Renal, Electrolyte, and Hypertension Division, Department of Medicine.
Institute for Diabetes, Obesity, and Metabolism.
J Clin Invest. 2023 Feb 15;133(4):e165654. doi: 10.1172/JCI165654.
Kidney disease is a major driver of mortality among patients with diabetes and diabetic kidney disease (DKD) is responsible for close to half of all chronic kidney disease cases. DKD usually develops in a genetically susceptible individual as a result of poor metabolic (glycemic) control. Molecular and genetic studies indicate the key role of podocytes and endothelial cells in driving albuminuria and early kidney disease in diabetes. Proximal tubule changes show a strong association with the glomerular filtration rate. Hyperglycemia represents a key cellular stress in the kidney by altering cellular metabolism in endothelial cells and podocytes and by imposing an excess workload requiring energy and oxygen for proximal tubule cells. Changes in metabolism induce early adaptive cellular hypertrophy and reorganization of the actin cytoskeleton. Later, mitochondrial defects contribute to increased oxidative stress and activation of inflammatory pathways, causing progressive kidney function decline and fibrosis. Blockade of the renin-angiotensin system or the sodium-glucose cotransporter is associated with cellular protection and slowing kidney function decline. Newly identified molecular pathways could provide the basis for the development of much-needed novel therapeutics.

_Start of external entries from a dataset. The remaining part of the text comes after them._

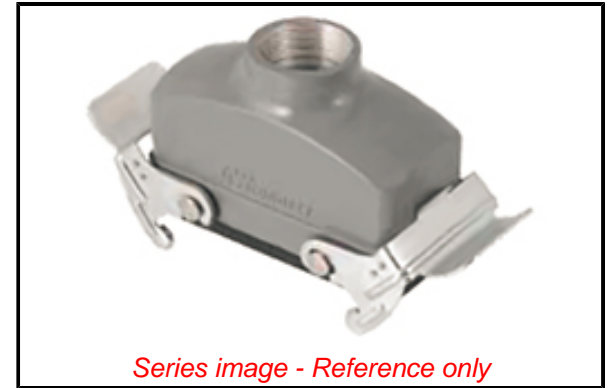

PLEASE CHECK WWW.MOLEX.COM FOR LATEST PART INFORMATION

Part Number: [0936013783](#)
Status: **Active**
Overview: GWconnect Heavy Duty Connectors (HDC)
Description: GWconnect STD - Standard, Double Lever Coupler, Die-cast Aluminum, with 2 Levers, Top Entry, with Gasket, Size 24B «104x27», Extended M32 Thread, Grey

Documents:

[RoHS Certificate of Compliance (PDF)](#)

Agency Certification

CSA 256883
UL E249674

General

Product Family Industrial Connectors / Enclosures
Series [93601](#)
Component Size 24B «104X27»
Component Type Double Lever Coupler
IP Rating IP66
Overview [GWconnect Heavy Duty Connectors (HDC)](#)
Product Category Heavy Duty Connectors
Product Name GWconnect
Standard ANSI/UL 50, ANSI/UL 50 E, CSA C22.2 No.94-1-2, EN 61984
Type STD
UPC 887191861166

Physical

Entry Location Top
Hood Coating Polyester Powder
Hood Color GREY RAL 7037
Lock to Mating Part Yes
Material - Gasket NBR
Material - Hood Die-cast Aluminum
Material - Lever Galvanized Steel
Net Weight 271.000/g
Number of Levers 2
Packaging Type Bag
Thread Size M32
Thread Type (M) Metric

Electrical

Voltage - Maximum 500V

Material Info

Engineering Number 7824.6588.0

EU ELV

Not Relevant

EU RoHS

Not Reviewed

REACH SVHC

Not Reviewed

Halogen-Free

Status

Not Reviewed

For more information, please visit [Contact US](#)

China ROHS

Not Reviewed

ELV

Not Relevant

RoHS Phthalates

Not Reviewed

Search Parts in this Series

[93601 Series](#)

Use With

Size 24B «104x27» S-D, S-DD, S-E, S-EE, S-EP, S-ES, S-HSB, S-ESHV, S-K, S-M, and S-EHV Inserts

肾脏疾病是糖尿病患者死亡的主要原因,而糖尿病肾病(DKD)导致了近一半的慢性肾病病例。DKD 通常在遗传易感个体中由于代谢(血糖)控制不佳而发展。分子和遗传研究表明,足细胞和内皮细胞在驱动糖尿病中的白蛋白尿和早期肾脏疾病方面起着关键作用。近端肾小管的变化与肾小球滤过率密切相关。高血糖通过改变内皮细胞和足细胞的细胞代谢,并对近端肾小管细胞施加需要能量和氧气的过量工作负荷,从而对肾脏造成关键的细胞应激。代谢变化诱导早期适应性细胞肥大和肌动蛋白细胞骨架的重组。随后,线粒体缺陷导致氧化应激增加和炎症途径激活,导致肾功能进行性下降和纤维化。肾素-血管紧张素系统或钠-葡萄糖共转运蛋白的阻断与细胞保护和减缓肾功能下降有关。新发现的分子途径可能为急需的新型治疗方法提供基础。